Par ailleurs, l’article 510 du Code de Procédure Civile dispose que la faculté d’accorder un délai de grâce appartient, en cas d’urgence, au juge des référés.
Les circonstances de la cause caractérisent donc l’urgence, laquelle a pour conséquence de conférer au juge des référés la faculté d’ordonner la suspension du paiement des échéances, en application de l’article L.314-20 du Code de la consommation.
Il est admis que le prêt litigieux est destiné à financer l’achat d’une maison d’habitation. Il est constant que Monsieur [N] [E], suite à son incarcération auprès de l’établissement pénitentiaire de [Localité 10], a entraîné la perte de son emploi en Suisse ayant pour conséquence la diminution drastique des ressources de Madame [D] [Y] épouse [E]. Elle élève seule sa fille, est allocataire du revenu social de solidarité active depuis le mois de septembre 2024 de sorte qu’elle n’est plus en capacité de faire face aux échéances mensuelles de remboursement de 2024,02 euros.

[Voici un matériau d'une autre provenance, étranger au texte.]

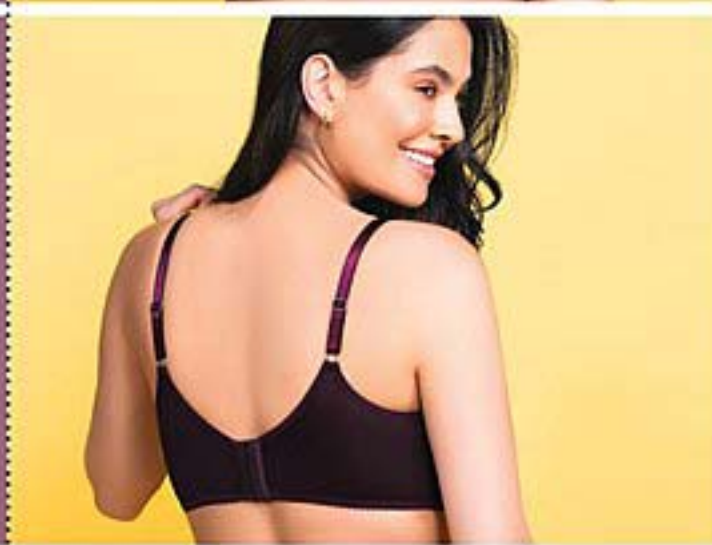

T32B/Cód. 18255-5
T34B/Cód. 18252-2
T36B/Cód. 18275-1

BRASIER GLOWING NEGRO
ANTES $60.000
$27.900

T38B/Cód. 15177-7

BRASIER ALANA
ANTES $67.900
$32.900

T36B/Cód. 15389-2

BRASIER ALINE VINO
ANTES $67.900
$32.900

En considération de l’ensemble de ces éléments, afin d’éviter une aggravation de la situation et l’avenir de Madame [D] [Y] épouse [E], et pour lui permettre d’envisager des solutions de vente amiable du bien, ce qui est également dans l’intérêt du créancier, il convient de faire droit à la demande de délai et d’ordonner la suspension de ses obligations de paiement pendant une durée de deux ans à compter du prononcé de la présente ordonnance. Cette suspension profite également à Monsieur [N] [E].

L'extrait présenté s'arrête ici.